Motivationale Klärung

Ziel der motivationalen Klärung ist es, dass sich Patient:innen selbst über bewusste und unbewusste Ziele, Erwartungen und Werte klar werden. Diese Komponenten beeinflussen wie wir Situationen erleben, was wir empfinden und wie wir uns verhalten. Ein Beispiel: Menschen mit einer depressiven Erkrankung neigen dazu, Misserfolge sich selbst zuzuschreiben („Ich bin schuld, ich habe das falsch gemacht.“). Misserfolg wirkt sich dann negativ auf das Selbstbild aus, was wiederum negative Gedanken auslöst und zu der Aufrechterhaltung der Depression beitragen kann.

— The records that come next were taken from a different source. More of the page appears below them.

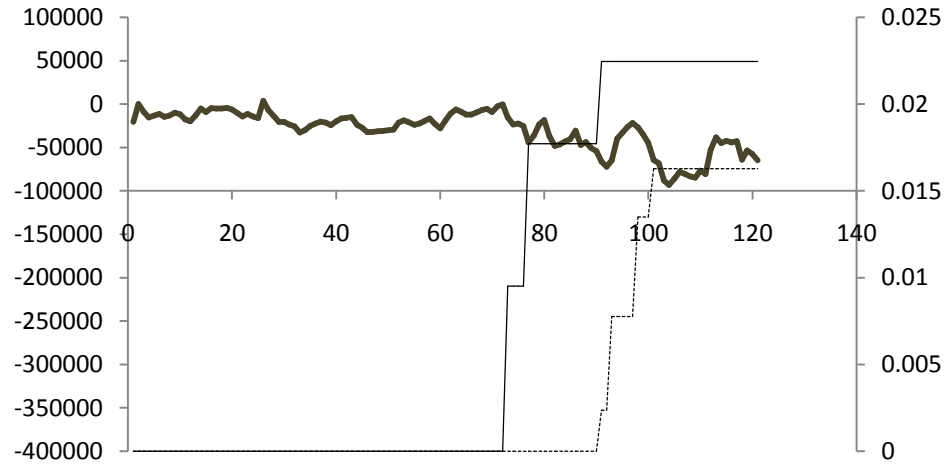

How to read the following plots

- The upper left panels are time series plots of SWP exports (blue line) and the seasonal accumulation of delta smelt salvage *density* at Skinner Fish Facility (red circles in SKT units or fish · 10⁴ m⁻³)
- The lower left panels are time series plots of CVP exports and the seasonal accumulation of delta smelt salvage *density* at Tracy Fish Facility (in SKT units or fish · 10⁴ m⁻³)
- The panels on the right are time series plots of the interaction between OMR flow and turbidity (OMR flow multiplied by CCF turbidity) and how that coincides in time with each fish facility's salvage density. The salvage densities are plotted on the same scale so it is obvious which one ended up salvaging relatively higher or lower densities of smelt that year. The Skinner FF trend is the dashed line and the Tracy FF trend is the solid line.

2005

SWP - WY 2006

CVP - WY 2006

2006

SWP - WY 2007

CVP - WY 2007

2007

SWP - WY 2008

CVP - WY 2008

2008

SWP - WY 2009

CVP - WY 2009

2009

SWP - WY 2010

CVP - WY 2010

2010

SWP - WY 2011

CVP - WY 2011

2011

SWP - WY 2012

CVP - WY 2012

2012

SWP - WY 2013

CVP - WY 2013
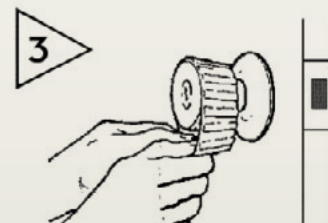

SPECIFICATIONS

Dimensions of Product: 3" x 2" 1.6" Diameter
2 Pack Dimensions: 7" L x 3" W x 2" H; 0.2 lbs
Case of 24 Dimensions: 9" L x 9" W x 9" H; 4 lbs

Glow-In-The-Dark Inserts

Anti-Bacterial Material

Open Door with Touch of Finger

Great Grips Slip on Quickly - No Tools Needed!

Moisten Great Grips with water

Place thumbs inside and stretch over doorknob

Continue to work on to doorknob until covered
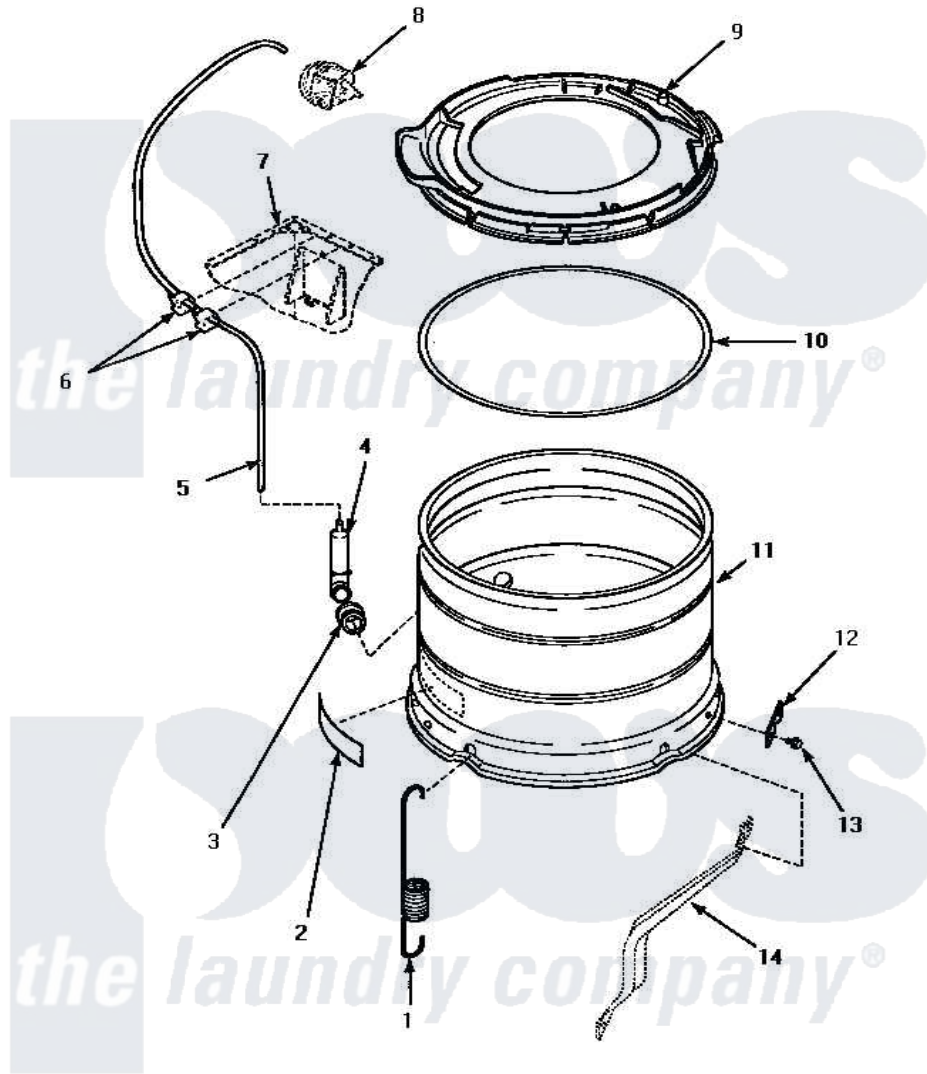

Amana CW9203W2 (BOM: PCW9203W2 A) 12 - OUTER TUB, COVER & PRESSURE HOSE

OUTER TUB, COVER AND PRESSURE HOSE

Amana Residential Amana CW9203W2 (BOM: PCW9203W2 A) Washer Parts Parts Diagram 12 - OUTER TUB, COVER & PRESSURE HOSE

[Click on the part number to view part](#)

Item	Original Part Number	Replaced By	Status	Part Description
1	35948			Spring, Leg-Large Tub
2	500049		Not Available	STICKER
3	29175	40037801		Grommet
4	30907	40008501		Assembly, Pressure Bulb
5	33324			Pressure Hose 38"
6	21036			Clip, Cable
7	Y00000000		Not Available	SEE NOTE CABINET ASSY -- (SEE FRONT PANEL, BASE AND CABINET ASSY PAGE)
8	Y00000000		Not Available	SEE NOTE PRESSURE SWITCH -- (SEE GRAPHIC PANEL AND CONTROLS PAGE)
9	36025P			Assembly, Tub Cover and Gasket
10	32857			Gasket, Tub Cover Small
11	34438P			Assembly, Outer Tub

12	27926		Plate, Leg .063
13	35369	40128701	Screw, 5/16-18 X .50
14	Y00000000	Not Available	SEE NOTE SUPPORT LEG -- (SEE BEARING HOUSING, PULLEY AND PIVOT DOME PAGE)

Im Rahmen der motivationalen Klärung in der Therapie erlangen Patient:innen Einsicht darüber, welche Erwartungen und Werte zu einem bestehenden Problem beitragen. Es wird ein Verständnis dafür geschaffen, wie es zu der eigenen Erkrankung gekommen ist und was diese aufrecht erhält. Auch die Motivation, überhaupt eine Therapie anzufangen, ist sehr wichtig: Welches Ziel wird mit der Therapie verfolgt? Es ist äußerst hilfreich, ein konkretes Ziel vor Augen zu haben, auf das man hinarbeiten möchte und das als Leitfaden dient.

 

 
Problembewältigung

Durch die Psychotherapie sollen Patient:innen aktive Hilfe dabei erhalten, Probleme selbstständig zu lösen. Dies ist ohne Kenntnis des Problems nicht möglich – die Wirkfaktoren gehen also Hand in Hand. Bei der Problemaktualisierung werden Situationen hergestellt, um ein bestehendes Problem immer wieder erlebbar zu machen. Im nächsten Schritt kommt die Problembewältigung ins Spiel: Patient:innen lernen im Rahmen der Therapie, mit ihren Problemen umgehen und diese selbst lösen zu können. Die Aufgabe von Therapeut:innen ist es, die Patient:innen dabei zu unterstützen, zum Beispiel durch Ressourcenaktivierung.

Es gibt verschiedenste Maßnahmen in den verschiedenen Therapierichtungen, um eine solche Hilfestellung zu geben. Beispiele sind die Anwendung von Entspannungsverfahren, Stressbewältigungs- oder Problemlösetraining und Strategien zur Emotionsregulation.

 

Therapeutische Beziehung

Psychotherapie findet immer im Rahmen einer Beziehung statt, nämlich zwischen Therapeut:in und Patient:in. Der Therapieerfolg hängt maßgeblich von der Qualität dieser therapeutischen Beziehung ab.

Kernaspekte einer guten Beziehung sind zum Beispiel Akzeptanz, aktives Zuhören und Empathie der:des Therapeut:in. Wie genau die Beziehung aufgebaut ist, hängt von der Therapieschule ab. Bei der Verhaltenstherapie nehmen Therapeut:innen zum Beispiel eine beratende und unterstützende Rolle im Sinne einer kooperativen Arbeitsbeziehung ein. Bei der analytischen Psychotherapie kommt Therapeut:innen stärker die Aufgabe des Beobachtens und Deutens zu, sodass sie eine etwas zurückhaltendere Rolle einnehmen.

Im Kontext von Internet- und mobile-basierten Interventionen konnten Studien zeigen, dass eine therapeutische Beziehung in diesem Format ebenfalls möglich ist. Auch hier gilt die therapeutische Beziehung als wichtiger Faktor für den Therapieerfolg.